Calcium orange

The intracellular Ca²⁺ concentration in INS-1E cells was determined with a confocal laser scanning microscope and 5 μM calcium orange (MA, USA, Invitrogen). calcium orange was dissolved in Hanks buffer with additional Pluronic F-127 (0.005%, Molecular Probes, MA, USA) at 37°C for 30 min and subsequently washed twice using Hanks buffer. Fluorescence measurements were carried out using anargon ion laser (excitation: 561 nm). Images were recorded every 2 s using a DeltaVision Ultra system (GE, Massachusetts, USA). Baseline fluorescence (F0) was determined by averaging 20 images. Then cells were transferred in the KRBB buffer with 16.7mmol/l glucose, images were recorded every 2 s for 15min. Fractional fluorescence (F/F0) indicates the changes of intracellular calcium concentration. After the base line were stable for 5 min, the intracellular Ca²⁺ concentration was measured for another 5 min with Control (Ctrl), 10 mM tolbutamide (T), cisapride (C) or tolbutamide+cisapride (T+C) under the stimulation with different glucose stimulation. PBS was used as a control. AUC was measured before (0-5 min) and after (5-10 min) different drugs application. Statistical comparisons were calculated using the Wilcoxon matched pairs test (n=4).
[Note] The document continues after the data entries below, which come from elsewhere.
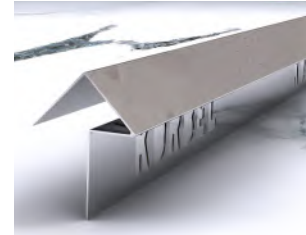

45 Derece Basamak Profili / Triangular Stair Nosing Profile

"YENİLİKÇİ VE PRATİK ÇÖZÜMLER"

Süper Ayna
Super Mirror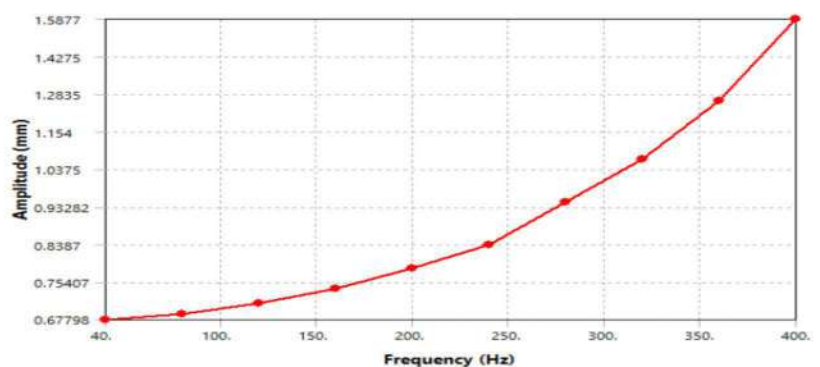

Disclaimer: All images and data used here are property of Technix Rubber. Reproduction without permission is prohibited.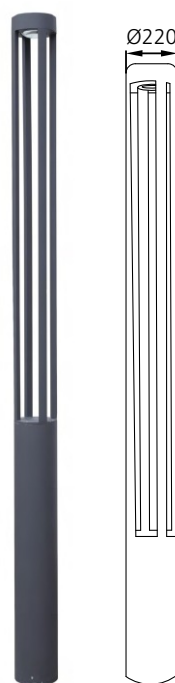

Peculo Pole

Stem
#3111

Stem Duo
#3112

Power	40W/60W
Lumen / CCT	4720lm/7080lm - 3000K 4860lm/7290lm - 4000K
UGR	<19
Height	4.0m 6.0m
Driver Placement	In-built

Power	2x40W/2x60W
Lumen / CCT	2x4720lm/2x7080lm - 3000K 2x4860lm/2x7290lm - 4000K
UGR	<19
Height	4.0m 6.0m
Driver Placement	In-built

Peculo

LED	Typ CRI	Body Finish	Voltage	IP / IK Rating	Dimming Options	Accessories
Array 3 Step MacAdam L90-B10 60,000Hrs	82	Matt Black Matt Grey	AC230V	IP65 IK06	Non Dim Triac Analog Dali	NA

Peculo Pole

Hollow - PL
#3113

Baton R
#3114

Power	2x20W
Lumen / CCT	2x2340lm - 3000K 2x2410lm - 4000K
UGR	<19
Height	4.0m
Driver Placement	In-built

Power	25W/40W
Lumen / CCT	2805lm/4480lm - 3000K 2890lm/4610lm - 4000K
UGR	<19
Height	3.0m 4.0m
Driver Placement	In-built

Peculo Pole

Vintage
#3119

Crown
#3120

Power	30W
Lumen / CCT	2940lm - 3000K 3025lm - 4000K
UGR	<19
Height	3.0m 4.0m
Driver Placement	In-built

Power	30W
Lumen / CCT	2940lm - 3000K 3025lm - 4000K
UGR	<19
Height	3.0m 4.0m
Driver Placement	In-built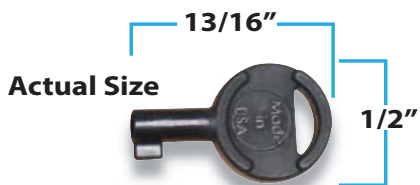

CONCEALED HANDCUFF KEYS

NEW! ZT26

Concealed Handcuff Key Belt Buckle
Black / Steel

Fits 1.5" Wide Belts (belt not included)

Concealed
Handcuff Keys

ZT93 Non Metallic
Covert Handcuff Key

ZT17 Belt Keeper Concealed Key - Removable
Black

Belt Keeper Strap Not Included with Key.

ZT99 Survival Cuff Key Set
(2 Keys, 2 Cases)

Key Ring Style

Clip Style

Key ring case shown open to
reveal handcuff key (included)

ZT98-BLK Tactical I.D. Holder
Black

Wears in uniform chest pocket

ZT98 Tactical I.D. Holder
Silver

Concealed
Handcuff Key

SMITH & WESSON HANDCUFF KEYS

ZT15-SW S&W Swivel Extension Tool and 1.5" Key Ring.
(for standard Smith & Wesson keys only)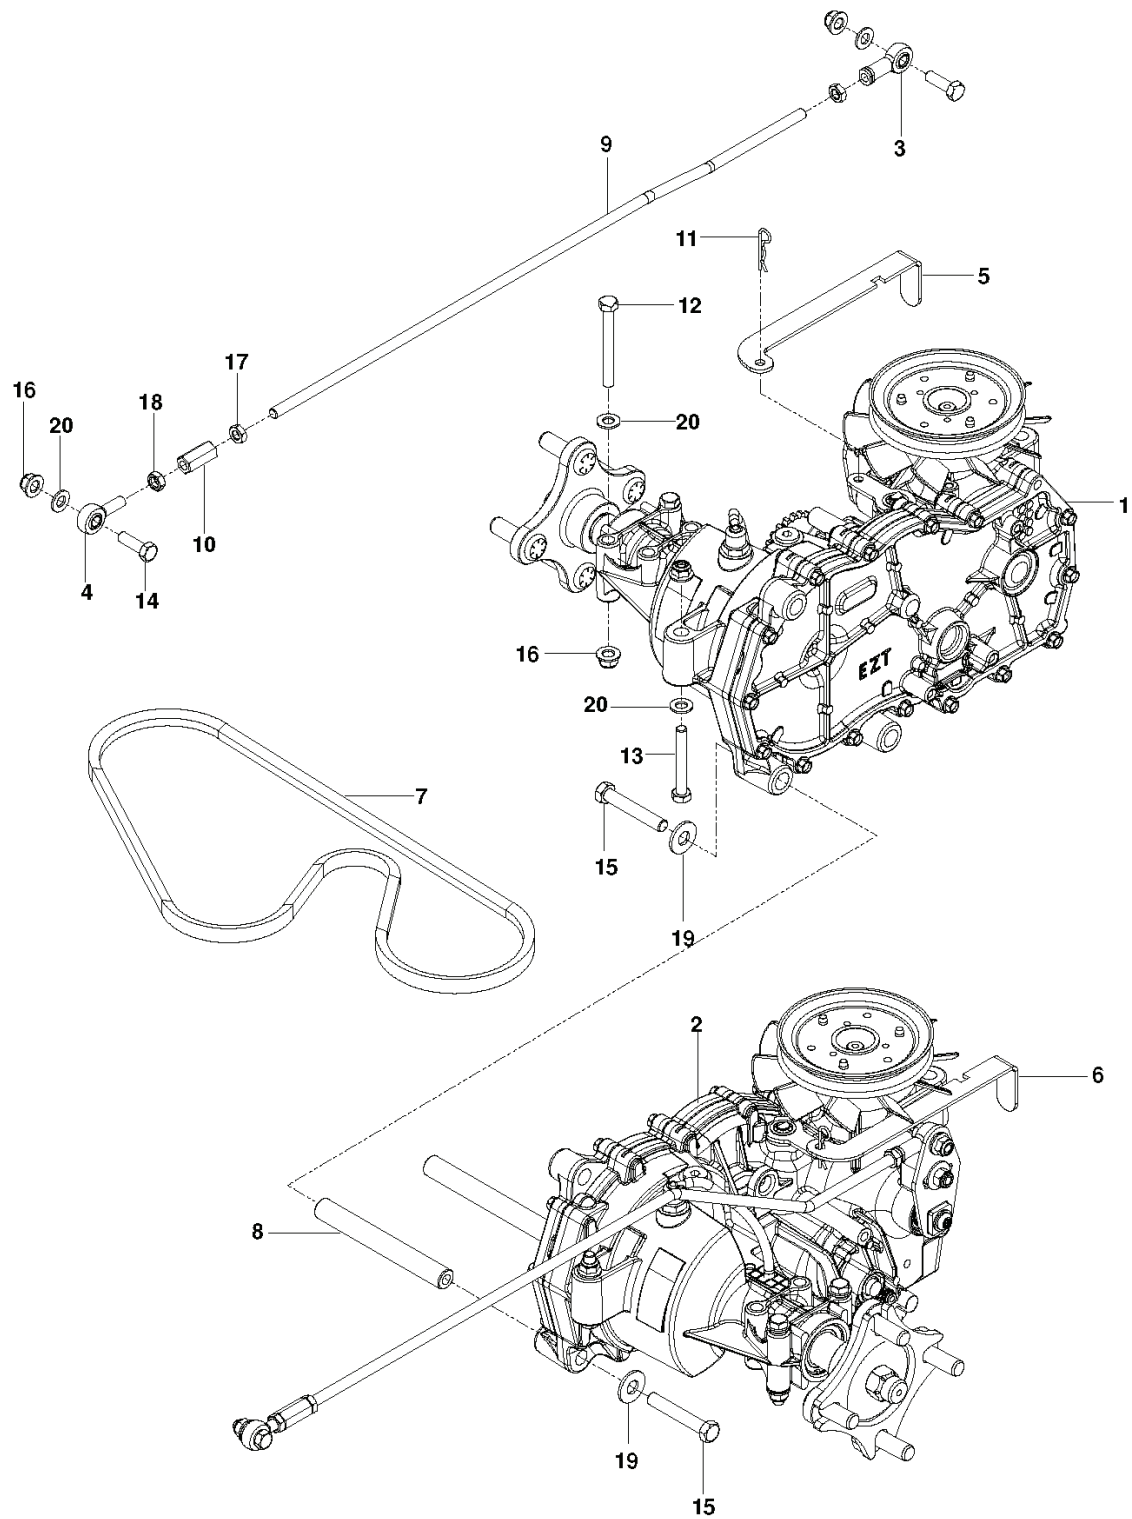

REF.	PART NO.	DESCRIPTION	REMARK	QTY.	KIT
1	539120152	HYDRO	RH	1	
2	539120153	HYDRO	LH	1	
3	539115729	RH ROD END	RH	2	
4	539116690	ROD END - LH	LH	2	
5	539120157	RELEASE LEVER RH	RH	1	
6	539120156	RELEASE LEVER LH	LH	1	
7	575852401	BELT		1	
8	574356501	SPACING TUBE		2	
9	539120169	CONTROL ROD		2	
10	539116689	ROD END COUPLER		2	
11	539976988	PIN		2	
12	539101721	SCREW		4	
13	539976938	CAPSCREW 5/16 X 2-1/4 HED HEAD		2	
14	539990209	SCREW		4	
15	539990629	SCREW		4	
16	539112899	NUT, 5/16-18, NYLOC		10	
17	539115502	NUT		4	
18	539991073	NUT		2	
19	539990517	WASHER		4	
20	539990188	WASHER		10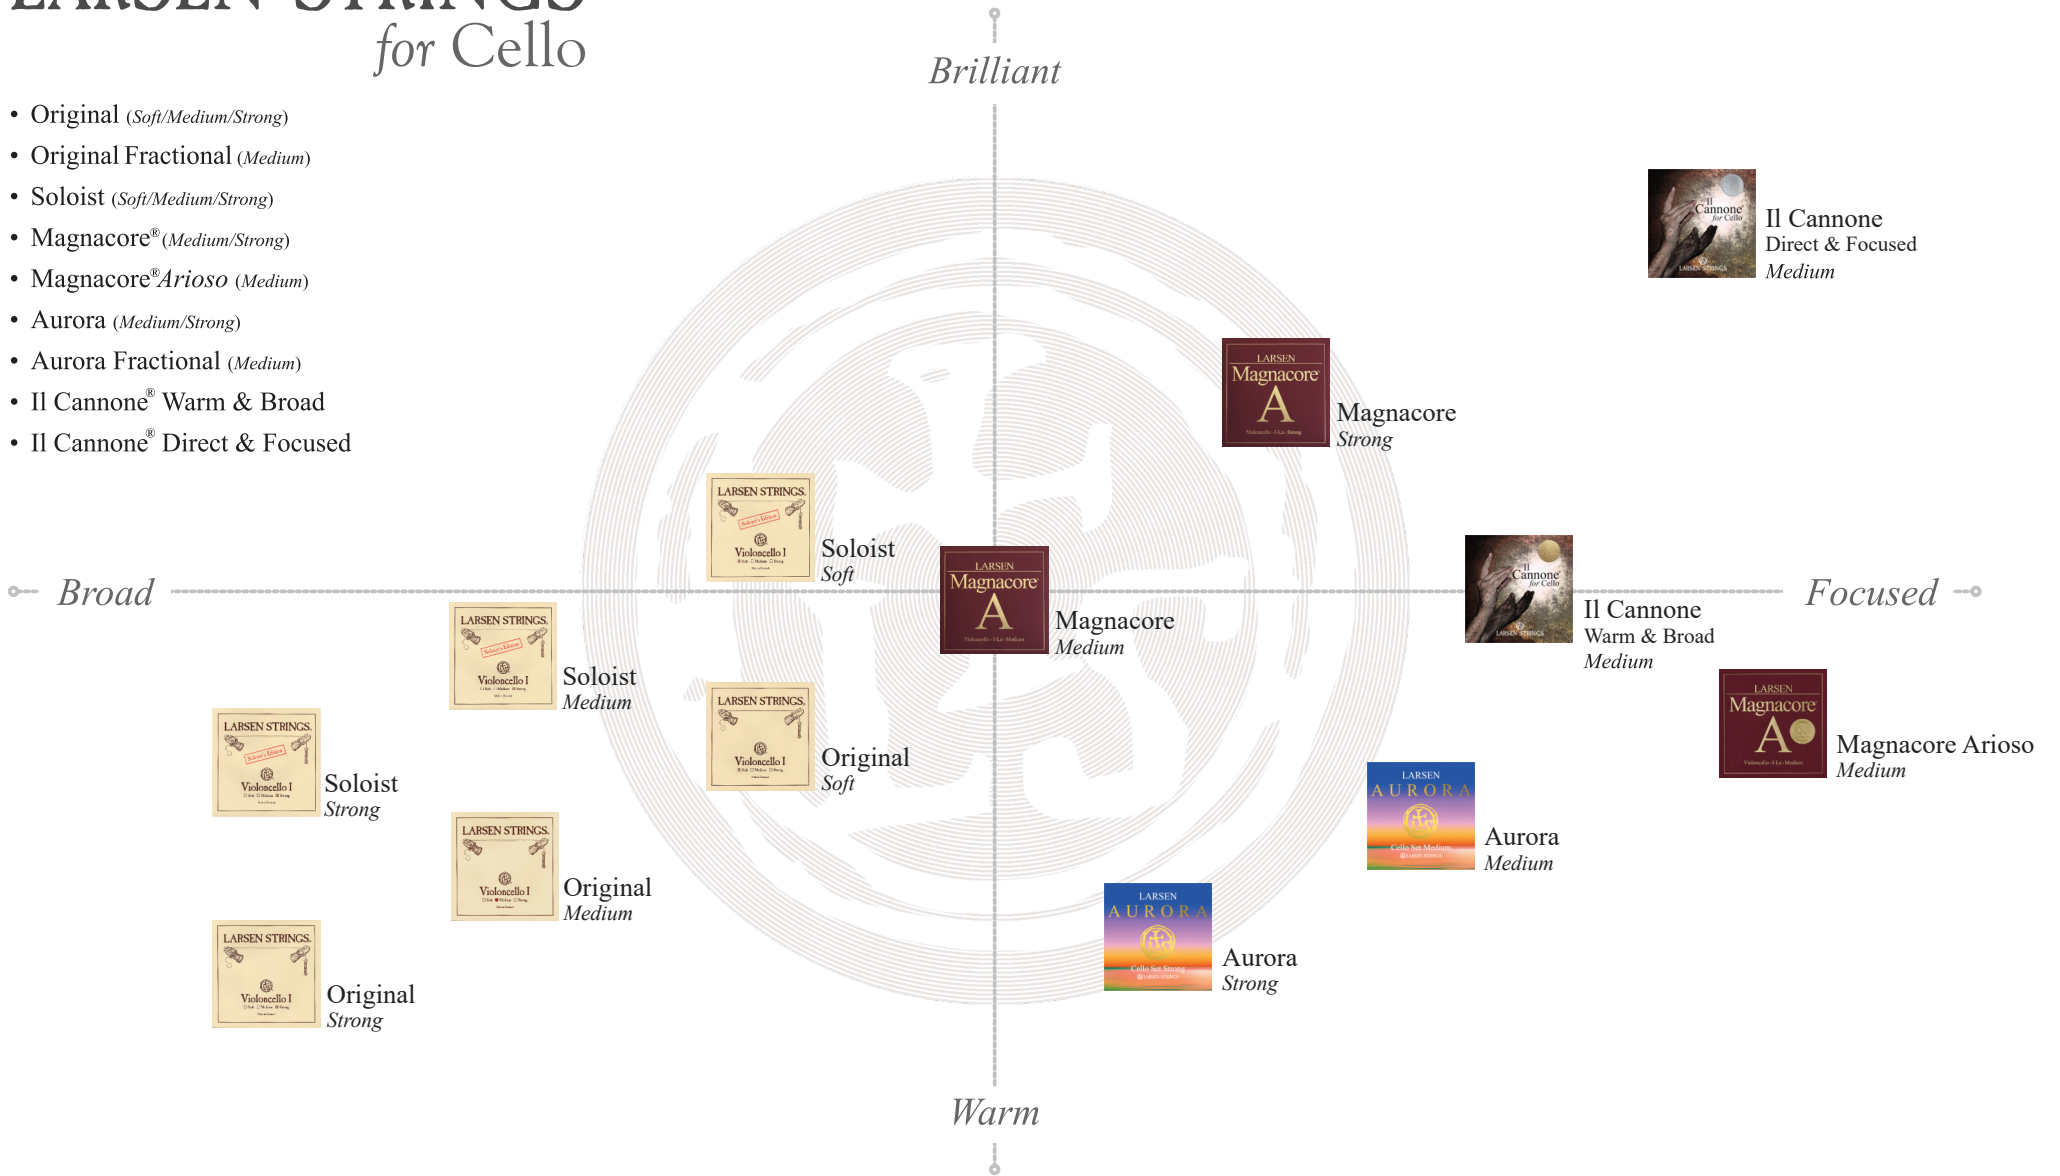

sound map sets

LARSEN STRINGS

for Cello

- Original (Soft/Medium/Strong)
- Original Fractional (Medium)
- Soloist (Soft/Medium/Strong)
- Magnacore® (Medium/Strong)
- Magnacore® *Arioso* (Medium)
- Aurora (Medium/Strong)
- Aurora Fractional (Medium)
- Il Cannone® Warm & Broad
- Il Cannone® Direct & Focused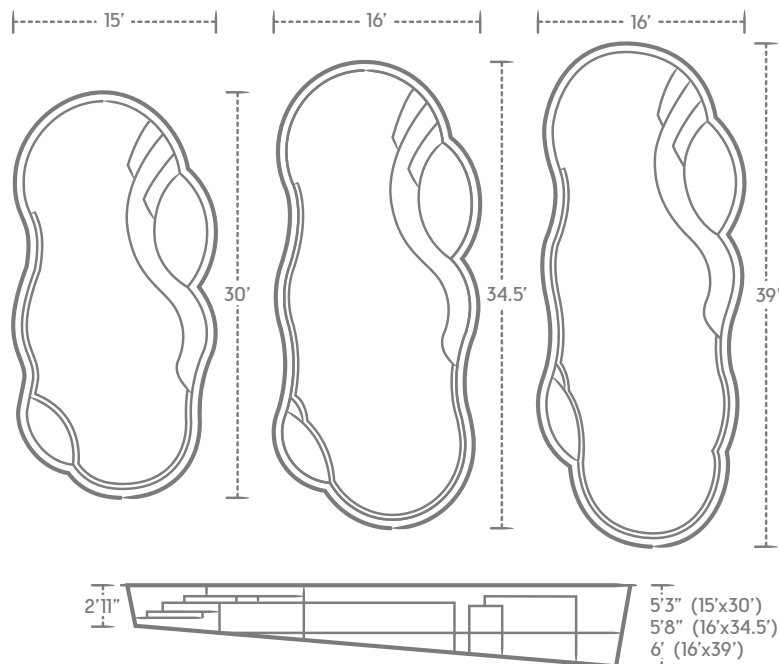

Sun Day

Everyone loves Sunday. No to-do list, no errands to run, no work to be done. So drop your devices and forget your chores. Sun Day is here!

15' X 30' 16' X 34.5' 16' X 39'

1. Large landing pad with side entry stairs is an ideal spot for youngsters to play.
2. Large open swim area is great for games, lap swimming, and water activities.
3. 12" deep sun shelf and swim-out are perfect for easy entry and exit, and for soaking up the sun.
4. Wrap-around benches give you tons of room to visit and relax.
5. Non-skid surface on the floor, benches, and steps is easy on your feet and your swimsuit.
6. A courtesy ledge around the deep-end gives you a place to take a break and stand.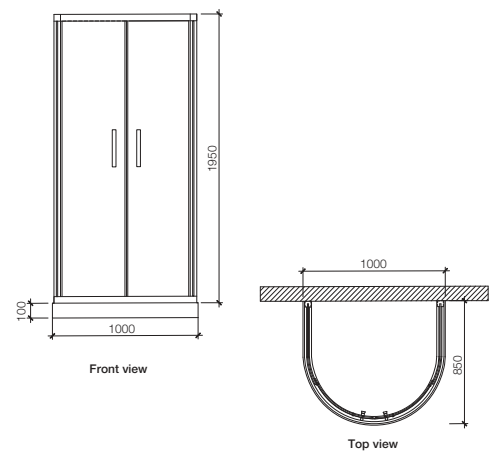

Model: Delta 180

Description: 180 Degree Quadrant Shaped Shower enclosure with Sliding door along with shower Tray at the bottom. Covering all three sides and entry from the front ideal for shower areas in the middle of the bathroom.

Finish: Chrome

Glass: 8mm

Sizes: (in mm)

Height	Width	Code
1950	980 x 850	JSE-CHR-DEL8M10DL002 (Shower Enclosure)
70	1000 x 850	JSE-WHT-ST1000x850 (Shower Tray)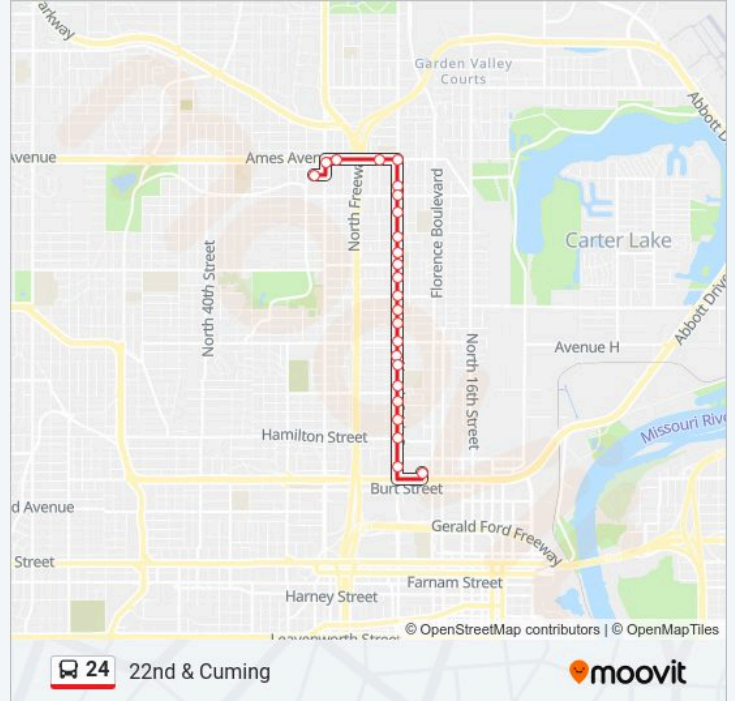

24 bus Info

Direction: North Omaha Transit Center

Stops: 66

Trip Duration: 45 min

Line Summary:

- 24th & F St SE
- 24th & D St SE
- 24th & B St SE
- 24th & Deer Park Blvd SE
- 24th at Vinton NE
- 24th & Oak SE
- 24th & Bancroft SE
- 24th & Martha SE
- 24th & Hickory NE
- 24th & Poppleton Ave SE
- 24th & Pacific SE
- 24th & Mason SE
- 24th & Leavenworth NE
- 24th & St Marys Ave NE
- 24th & Howard SE
- 24th & Harney SE
- 24th & Farnam SE
- 24th & Douglas SE
- 24th St & Dodge St
- 24th & Chicago SE
- 24th & California SE
- 24th & Cuming SE
- 24th St & Metro Entrance SE
- 24th & Caldwell SE
- 24th & Paul NE
- 24th & Clark SE
- 24th & Blondo NE
- 24th & Burdette SE
- 24th & Grant NE
- 24th & Lake SE
- 24th & Miami SE
- 24th & Locust SE

24 bus Info

Direction: 22nd & Cuming

Stops: 24

Trip Duration: 10 min

Line Summary:

24th & Spencer NW

24th & Binney NW

24th & Maple NW

24th & Miami NW

24th & Lake NW

24th & Grant NW

24th & Burdette NW

24th & Blondo SW

24th & Decatur NW

24th & Seward NW

24th & Hamilton NW

24th & Metro Entrance NW

22nd & Cuming NE

Direction:

64 stops

[VIEW LINE SCHEDULE](#)

Harrison & 30th NE

30th & Drexel SE

30th & Madison SE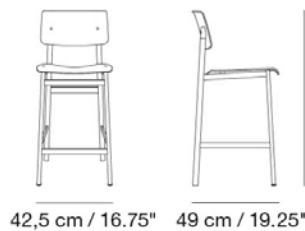

LOFT COUNTER STOOL / H: 65 CM / 25.6"

Designed by Thomas Bentzen

A durable and grounded bar stool with a sophisticated industrial appearance. The bar stool has added seating comfort. Plastic glides included. Option of pre-mounted felt glides upon request for orders above 50 chairs.

Material: Seat/back in lacquered oak veneer and frame in powder coated steel. Option of textile upholstered seat.

Textile consumption for COM:

Textile Upholstery: 0,32 m / 0.35 yds

Leather Upholstery: 0,63 m² / 6.8 ft²

98.5 cm / 38.75"
SH 65 cm / 25.5"

The cytosolic Ca²⁺ concentration ([Ca²⁺]_c) in primary hepatocytes was determined with a confocal laser scanning microscope and 5 μM calcium orange (MA, USA, Invitrogen). calcium orange was dissolved in Hanks buffer with additional Pluronic F-127 (0.005%, Molecular Probes, MA, USA) at 37°C for 30 min following washing with Hanks buffer twice.
To measure the mitochondrial Ca²⁺ concentration ([Ca²⁺]_m), the cells were seeded into a 15 mm cover glass-bottomed dish (NEST, Jiangsu, China) loaded with 4 μM Rhod-2/AM (Invitrogen) at 37°C and incubated for 30 min. Then, the cells were cultured for another 30 min at 37°C before analyzing on a confocal microscope (FV1000, Olympus, Japan) with an inverted microscope at 60x oil immersion objective.

Visualization of calcium ions in bacterial cells was performed by confocal microscope (Nikon Eclipse, Netherlands). Pigment solution was prepared in accordance with the recommendations of the manufacturer. Two millimolars of calcium orange (Invitrogen, USA) was dissolved in anhydrous DMSO. A small amount of bacteria (approx. 0.5 ml) was placed in an Eppendorf tube filled with 0.5 ml of PBS and then the microorganisms were dissolved in the solution by shaking. Twenty microliters of the prepared calcium orange solution was added to the bacterial suspension. The specimen for microscope observation was prepared by spreading the dyed bacterial suspension on a cover slide (without covering) and drying. An argon laser with a wavelength of 488 nm was used to induce fluorescence.